Private Equity Firms Eye Clean Energy Deals After 2025 Market Slump
Private Equity Targets Clean Energy After 2025 Drop-Off

Private Equity Firms Eye Clean Energy Deals After 2025 Market Slump

Clean-energy dealmaking in the United States is showing promising signs of a robust comeback following a sharp contraction throughout 2025. Major investment firms, including KKR & Co. and Energy Impact Partners, are actively scouting for potential acquisitions, indicating renewed confidence in the renewable energy market.

Notable Transactions and Market Dynamics

One of the first significant transactions poised to occur involves BlackRock Inc.'s Global Infrastructure Partners teaming up with private equity firm EQT AB to acquire AES Corp. This potential deal is particularly noteworthy as the majority of AES's power generation comes from renewable sources, supplying technology giants like Microsoft Corp.

"Investor interest is very high," stated Hans Kobler, founder and managing partner at Energy Impact Partners. The firm plans to deploy a portion of its new $1.4 billion fund specifically to acquire clean energy assets, reflecting a strategic shift toward sustainable investments.

Emmanuel Lagarrigue, a partner at KKR, added that sellers' price expectations are becoming more realistic, making the mergers and acquisitions landscape "more pragmatic" in 2026. This adjustment follows a period where many investors adopted a wait-and-see approach, largely influenced by President Donald Trump's return to the White House.

Analyzing the 2025 Contraction

The slowdown in 2025 was substantial. According to data tracked by BloombergNEF, approximately 12 gigawatts of solar, wind, and energy-storage power capacity changed hands through completed acquisitions last year. This represented a decline of more than 50% from the previous year and marked the lowest level of activity since 2013. Power capacity was used as the primary metric because asset and project prices are often undisclosed in such deals.

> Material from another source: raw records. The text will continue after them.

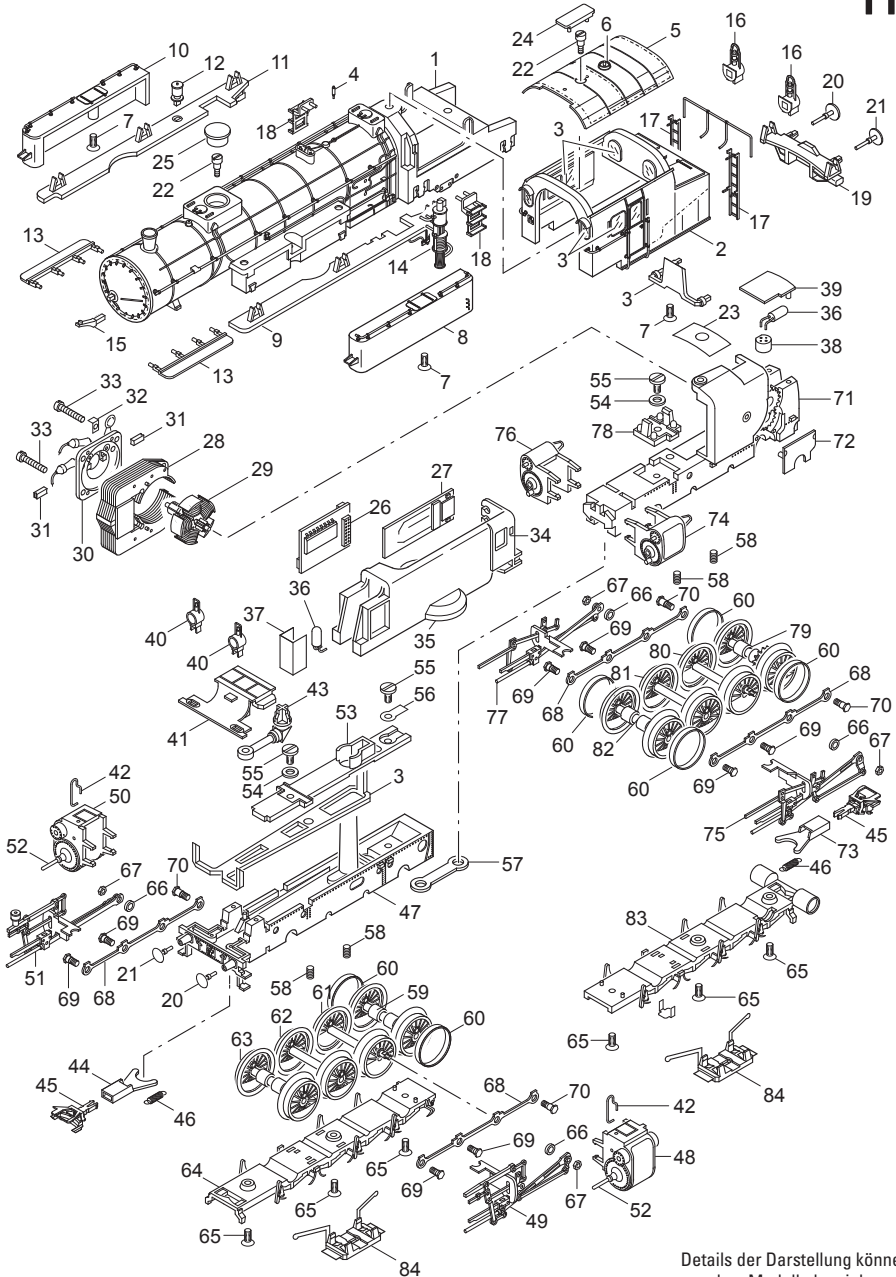

Einzelteile der Lokomotive 22054

TRIX HO

Details der Darstellung können
von dem Modell abweichen

Einzelteile der Lokomotive 22054

Nr.	Benennung	Bestell-Nr.	Nr.	Benennung	Bestell-Nr.
1	Aufbau mit	124 787	41	Abdeckung	445 790
2	Führerhaus	124 790	42	Griffstange	445 810
3	Glasteile	106 041	43	Abdampfrohr	445 780
4	Pfeife	448 480	44	Kupplungsdeichsel vorne	445 750
5	Dach	448 850	45	Kupplung	7 203
6	Laterne	448 860	46	Schaltchieberfeder	7 194
7	Senkschraube	786 790	47	Traggestell vorne	124 797
8	Wasserkasten links	104 065	48	Zylinder vorne links	124 796
9	Umlauf links	124 792	49	Gestänge vorne links	215 283
10	Wasserkasten rechts	104 064	50	Zylinder vorne rechts	124 795
11	Umlauf rechts	124 791	51	Gestänge vorne rechts	215 272
12	Schmierpumpe	449 070	52	Kolbenstangenschutzrohr	445 900
13	Tritt links	448 520	53	Isolierstück vorne	445 910
	Tritt rechts	448 510	54	Isolierscheibe	722 240
14	Luftpumpe	448 530	55	Zylinderschraube	750 200
15	Halter	448 710	56	Lötfahne	446 120
16	Laterne	460 330	57	Verbindungsstange	445 710
17	Leiter links	448 920	58	Druckfeder	214 330
	Leiter rechts	448 910	59	Treibradsatz mit Haftreifen	124 803
18	Leiter	450 580	60	Haftreifen	7 153
19	Pufferbohle	124 793	61	Treibradsatz	124 799
20	Puffer flach	—	62	Treibradsatz	124 801
21	Puffer rund	761 710	63	Treibradsatz	124 802
22	Zylinderansatzschraube	753 140	64	Bremsattrappe vorne	490 000
23	Stützblech	210 394	65	Senkschraube	756 100
24	Lüfteraufsatz	448 870	66	Distanzring	206 262
25	Domdeckel	449 100	67	Sechskantmutter	499 830
26	Decoder / Steckerplatte	611 716	68	Kuppelstange	215 456
27	Leiterplatte Schnittstelle	611 626	69	Zylinderansatzschraube	499 840
	Leiterplatte Sound	—	70	Zylinderansatzschraube	499 850
28	Feldmagnet	389 000	71	Treibgestell hinten	445 460
29	Anker	386 820	72	Abdeckung	445 490
30	Motorschild	386 940	73	Kupplungsdeichsel hinten	445 720
31	Motorbürsten	601 460	74	Zylinder hinten links	446 140
32	Lötfahne	231 470	75	Gestänge hinten links	215 287
33	Zylinderschraube	785 140	76	Zylinder hinten rechts	446 130
34	Trägerplatte	231 189	77	Gestänge hinten rechts	215 289
35	Lautsprecher	—	78	Isolierstück hinten	445 190
36	Glühlampe	15 1018 00	79	Treibradsatz mit Haftreifen	124 798
37	Abdeckung vorn	460 270	80	Treibradsatz	124 799
38	Steckfassung	624 510	81	Treibradsatz	124 801
39	Abdeckung hinten	460 280	82	Treibradsatz mit Haftreifen	124 803
40	Laterne	460 340	83	Bremsattrappe hinten	445 730
			84	Schleifer	486 780

Several factors contributed to this downturn. Reduced federal support under the Trump administration squeezed capital-constrained companies, putting downward pressure on prices. However, this very pressure has now increased the appeal for buyers looking for valuable entry points.

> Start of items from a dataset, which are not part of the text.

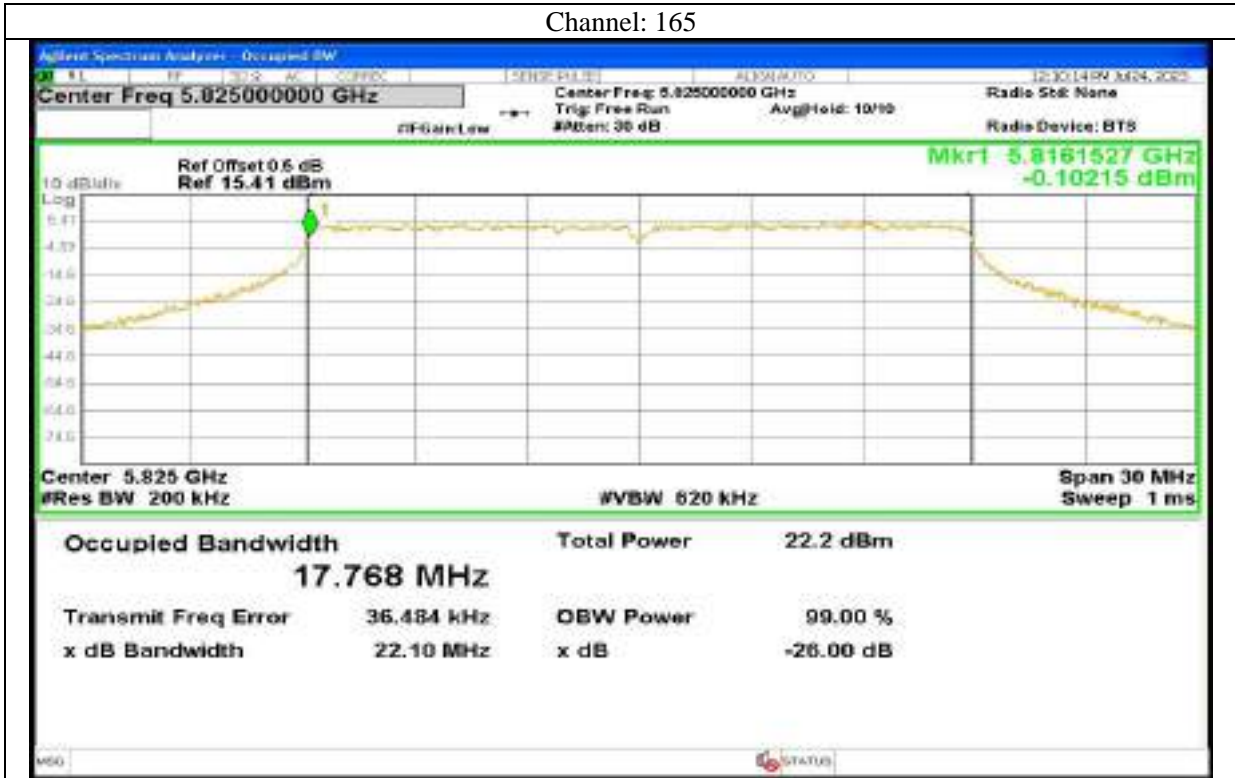

**99% OBW 802.11ax20**

Channel: 149

Channel: 157

**Antenna 2:**

**Antenna 3:**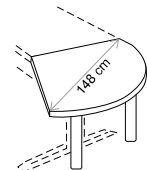

2 682,-
37 kg

SL-0231 -----xx
Spojovací úhel 90°
80 x 80 cm, rádius

1 501,-
12,5 kg

SD-0902 -----x xxx
Stůl 60°
80 x 80 cm, výška 75 cm

2 516,-
26 kg

SL-0232 -----xx
Spojovací úhel 60°
80 x 80 cm, rádius

1 474,-
9,5 kg

SD-0905 -----x xxx
Stůl 90°
80 x 80 cm, výška 75 cm

2 682,-
34 kg

SL-0233 -----xx
Spojovací úhel 45°
80 x 80 cm, rádius

1 278,-
8,5 kg

SD-0931 -----x xxx
Stůl 90°
80 x 80 cm, výška 75 cm

2 598,-
35 kg

SD-0932 -----x xxx
Stůl 60°
80 x 80 cm, výška 75 cm

SL-0503 —x xxxxx
 Přístavba Ø 100 cm x 75 cm
 těživa 80 cm, 1xopěrná noha
 3 613,-
 23 kg

SL-0504 —x xxxxx
 Přístavba půlkruhová, 1xopěrná noha
 80 x 40 x 75 cm, rádius 40 cm
 1 765,-
 10 kg

SL-0501 —x xxxxx
 Přístavba půlkruhová, 1xopěrná noha
 160 x 80 x 75 cm, rádius 80 cm
 2 779,-
 24 kg

SL-0521 —x xxxxx
 Přístavba kulatá, 1xopěrná noha
 160 x 60 x 75 cm
 2 613,-
 15 kg

SL-0531 —x xxxxx
 Přístavba kulatá, 1xopěrná noha
 160 x 40 x 75 cm
 2 474,-
 12 kg

Provedení L -zleva

SL-0502 x- xxxxxx
 Přístavba, 2xopěrná noha
 120 x 80 x 75 cm
 3 321,-
 27 kg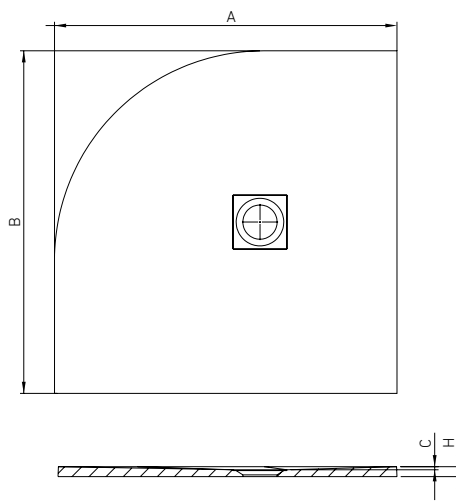

A	B	C	R	H
800	800	10	550	26
900	900	10	550	26

VAYER KRONOS
100.080.008.2-1.0.0.0.0
Shower tray 1000 x 800

Drivers of the Anticipated Rebound

Multiple indicators now point toward a market recovery. Surging power demand from artificial-intelligence data centers continues to drive investment in renewables. BloombergNEF estimates that U.S. data-center electricity consumption is projected to triple by 2035 from 2024 levels, creating a powerful tailwind for clean energy infrastructure.

Furthermore, last year's market slowdown forced developers and asset owners to reassess their valuations, leading to more attractive pricing for acquirers. "Some rules of the road have been set," noted Alex Darden, who leads infrastructure investment in the Americas for Sweden's EQT. This clarity is making it easier for dealmakers to re-engage actively in the market.

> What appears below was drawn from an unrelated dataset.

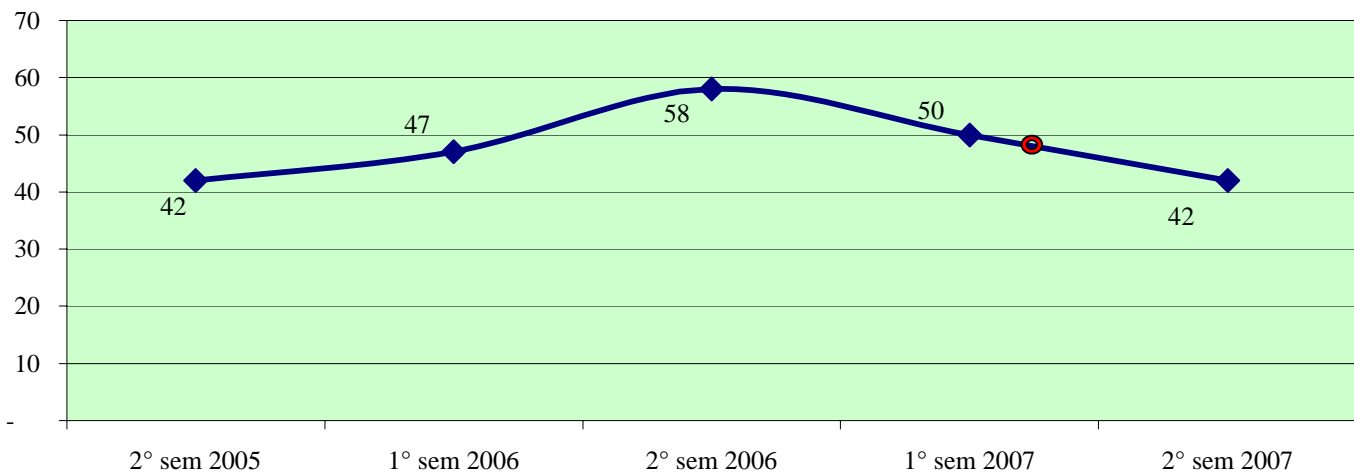

Rapine in pubblica via

Darden's expectations are that clean-energy deals will climb significantly this year, supported by these stabilizing factors. The sector's ability to deploy projects rapidly compared to alternatives is another key advantage. While natural gas plants can face waits of five years or more for new turbines due to supply bottlenecks, and nuclear facilities can take over a decade to become operational, a 5-megawatt large-scale solar farm can typically be completed within just two years.

Broadening Buyer Interest

The pursuit of acquisitions is not limited to private equity firms. Big Tech companies and utilities are also entering the fray. In January, Amazon.com Inc. agreed to purchase Pine Gate Renewables' solar and battery-storage project in Oregon. That same month, Pattern Energy Group announced its plan to acquire Cordelio Power, which manages 16 wind, solar, and battery-storage projects across the United States and Canada.

This broadening interest underscores the strategic importance of securing clean, reliable power sources. As the market stabilizes and valuations become more aligned, 2026 is shaping up to be a pivotal year for mergers and acquisitions in the renewable energy space, with private equity playing a leading role in the anticipated resurgence.